The top 20 enriched pathways with a p-value of < 0.05 are presented in Fig. 5. We found that phenylpropanoid biosynthesis (map00940; 76/4059; 1.87%), photosynthesis (map04626; 54/4059; 1.33%), glutathione metabolism (map00480; 51/4059; 1.26%), glycine, serine and threonine metabolism (map00260; 49/4059; 1.21%), and flavonoid biosynthesis (map00941; 40/4059; 0.99%) were the highest enriched pathways.
Detection and Characterization of SSR marker
Using MISA 1.0 software, a total of 20,607 potential simple sequence repeats (SSRs) were identified across 13,770 unigenes (27.12%), of which 3464 unigenes contained more than one SSR. Among the 20,607 SSRs, the mono- and di-nucleotide repeats were the most abundant types (10,031, 48.68%; 5312, 25.78%, respectively), followed by tri- (4603, 22.34%), tetra- (440, 2.14%), hexa - (128, 0.62%), penta - (93, 0.45%), and nucleotide repeats. In addition, the repetitions of different SSRs types were calculated for four levels of repeat numbers 1–5, 6–10, 11–15, and >15 and are presented in Fig. S6. The results indicated that most mono-nucleotide repetitions were distributed in repeat number 6–10 (4385), followed by mono-nucleotide in 6–10 (4385), di-nucleotide in 6–10 (4095), tri-nucleotide 6–10 (2344), tri-nucleotide 1–5 (1991), di-nucleotide in 11–15 (874), and tetra-nucleotide 1–5 (290).
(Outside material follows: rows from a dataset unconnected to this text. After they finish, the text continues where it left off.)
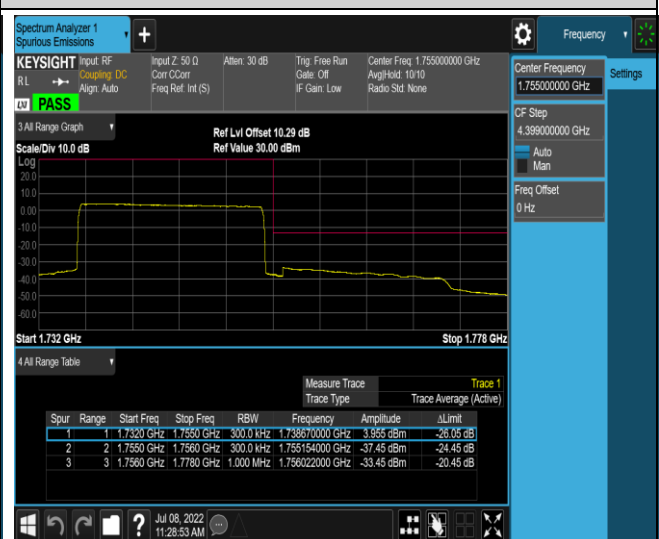

Test Graphs

Band2-20MHz-QPSK-18700-100RB#0

Band2-20MHz-QPSK-19100-1RB#0

Band2-20MHz-QPSK-19100-1RB#99

Band2-20MHz-QPSK-19100-100RB#0

Band2-20MHz-16QAM-18700-1RB#0

Band2-20MHz-16QAM-18700-1RB#99

Band4-1.4MHz-QPSK-19957-6RB#0

Band4-1.4MHz-QPSK-20393-1RB#0

Band4-1.4MHz-QPSK-20393-1RB#5

Band4-1.4MHz-QPSK-20393-6RB#0

Band4-1.4MHz-16QAM-19957-1RB#0

Band4-1.4MHz-16QAM-19957-1RB#5

Band4-20MHz-QPSK-20050-100RB#0

Band4-20MHz-QPSK-20300-1RB#0

Band4-20MHz-QPSK-20300-1RB#99

Band4-20MHz-QPSK-20300-100RB#0

Band4-20MHz-16QAM-20050-1RB#0

Band4-20MHz-16QAM-20050-1RB#99

Analysis of the SSR motif length distribution showed that most of the SSR motifs are less than 100 bp in length. The results indicated that 17,412,713,and 342 SSRs had motif length in the ranges of 10-50 , 51-100 and 101-150 bp, respectively.
Identification of unigenes involved in terpene biosynthesis
Comparison to the unigenes with the KEGG pathway database, indicated, a total of 174 unigenes related to terpene biosynthesis (Table S1), including terpenoid backbone biosynthesis (61), monoterpenoid biosynthesis (37), diterpenoid biosynthesis (19), sesquiterpenoid and triterpenoid biosynthesis (8), biosynthesis of terpenoids and steroids (3), and ubiquinone and other terpenoid-quinone biosynthesis (43). Many unigenes were involved in the pathway of terpenoid backbone biosynthesis, which belongs to the universal metabolic pathway map00900. Among these unigenes, DN2456_c0_g1 (DXS, K01662) is the first enzyme in the MEP pathway. DXS catalyze D-glyceraldehyde 3-phosphate (GA-3P) and pyruvate to form 1-deoxy-D-xylulose-5-phosphate (DOXP). The DXS gene is significantly less expressed in the rhizome than in the leaf. DN26885_c0_g1 (HMGR, K00021) is the main enzyme in the MVA pathway. It catalyzes 3-hydroxy-3-ethylglutaryl CoA (HMG-CoA) to form MVA. The expression of HMGR gene shows no difference in the leaf and rhizome tissues of D. opposita.
qRT-PCR validations of DEGs related to terpene biosynthesis
To further analyze the consistency of RNA-seq data in this study, the DN39197_c0_g1 and DN37057_c0_g12 genes involved in terpene biosynthesis were selected for qRT-PCR validation. The results showed that a similar expression pattern in qRT-PCR analysis was observed in RNA-seq data from the leaf and rhizome tissues of D. opposita (Fig. 6). Further analysis showed that DXR (DN4169_c0_g1, K00099) and GGPS (DN17971_c0_g1, K13789) were the rate-limiting enzymes in the MVP and MEP pathways, which are the basic processes of a terpene synthesis pathway.